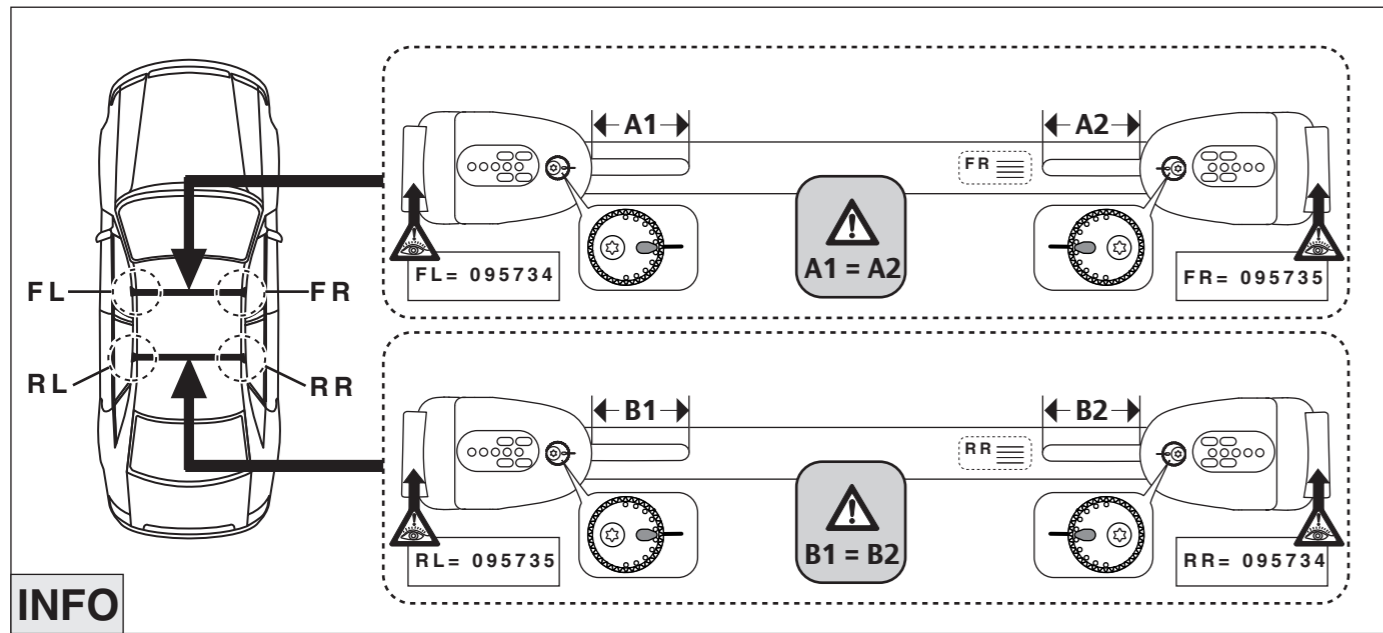

Atera SIGNO

Nissan Kubistar
Mercedes Benz Citan
Dacia Dokker

1997-01/2008
11/2012-
03/2013-

Renault Kangoo
Renault Kangoo

1997-2007
01/2008-
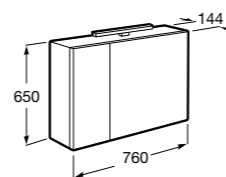

857304806 Белый глянец.
857304445 Дуб верона.

Etna

Зеркальный шкаф с LED-светильником и регулируемыми по высоте стеклянными полочками.

857305806 Белый глянец.
857305445 Дуб верона.

Ronda

Зеркальный шкаф с LED-подсветкой, сенсорным выключателем с диммером и розеткой.
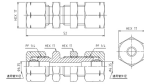

仕様

メーカー	アソー (ASOH)	型番	RW-2202
適用管外径	6.35mm	本体六角対辺	14mm
ナット六角対辺	17mm	ロックナット六角対辺	17mm
全長	52mm	使用圧力	3.45MPa以下
使用温度	-50~150℃	使用流体	空気・水・油
材質	真鍮		

両口ロックナット付リングジョイント

壁、またはパネルを隔てた銅管を接続するためのリングジョイントです。

専用工具を使わずに接続が可能です。

株式会社エスコ

大阪府大阪市西区立売堀3丁目8番14号 06-6532-6226(代表)

© 2018 ESCO Co.,Ltd.
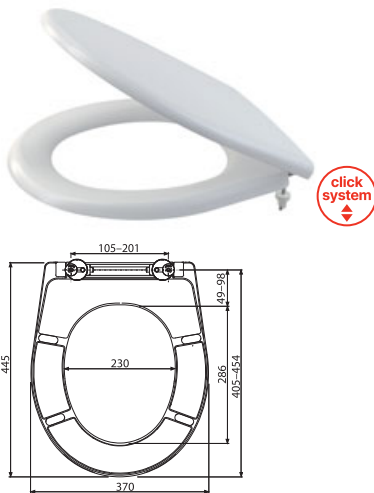

A602
WC sedátko univerzální, Duroplast
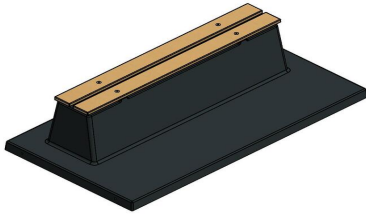

HeBlad
www.HeBlad.com
BB.DLA.OP.ZL
gewicht ± 1200 KG.

Spezifikationen Betonbank DeLuxe Anthrazit mit Unterplatte ohne Rückenlehne

Produktcode	BB.DLA.OP.ZL	Material der Sitzplätze	Bambus
Farbe	Anthrazit lackiert, RAL 7016	Anzahl der Sitzplätze	4
Abmessungen (L x B x H)	219,5 x 119 x 56,5 cm	Maße der Bodenplatte (L x B x H)	2195 x 119 x 8 cm
Sitzhöhe	45 cm	Ausführung der Bodenplatte	Glatter Beton
Abmessungen Sitzteil	180 x 30 cm	Gewicht	1200 kg

Siehe auch zugehörige Produkte
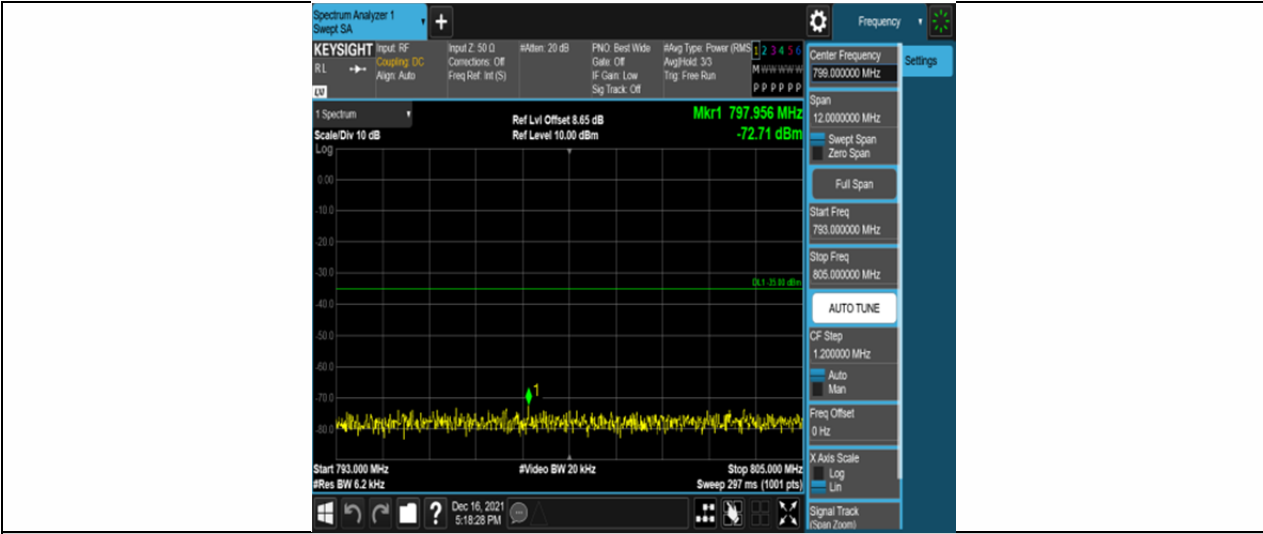

Band13-5MHz-QPSK-23255-25RB#0-Range4:793~805MHz
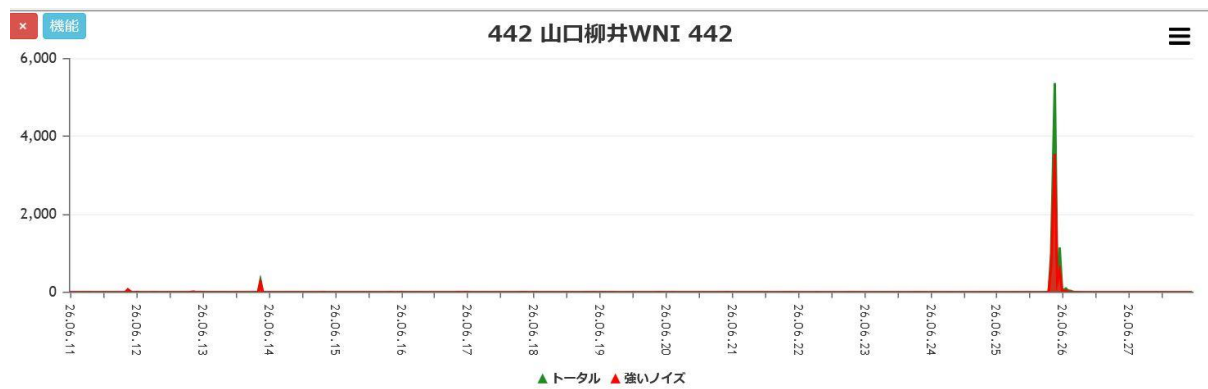

260626 関西各地の同期した一本立ちについて

6/25~26にかけて近畿から中国、四国、九州まで関西に広く同期した一本立ちが出ています。豊橋、伊勢、和歌山大地、愛媛宇和島、愛媛松前、高知香美市、広島、山口柳井、佐賀まで大変広範囲に同期しており、まずは低気圧の雷雲の影響が考えられますが、あるいは今警戒中の近畿、四国の大地震の前兆とも考えられ、注意が必要です。以下に関連データを載せます。参考まで。

豊橋 345 15日間データ

豊橋 244 15日間データ

伊勢 B261 15日間データ

和歌山大地 15日間データ

京都伏見 15日間データ

広島 15日間データ

山口柳井 15日間データ

四国 高知 香美 15日間データ

四国 愛媛松前 15日間データ

四国 愛媛宇和島 15日間データ

九州 佐賀 15日間データ

- [Exercise] Filter the records above for lines containing the word "шкаф", and copy those lines.

- [Task answer]
Зеркальный шкаф с LED-светильником и регулируемыми по высоте стеклянными полочками.
Зеркальный шкаф с LED-подсветкой, сенсорным выключателем с диммером и розеткой.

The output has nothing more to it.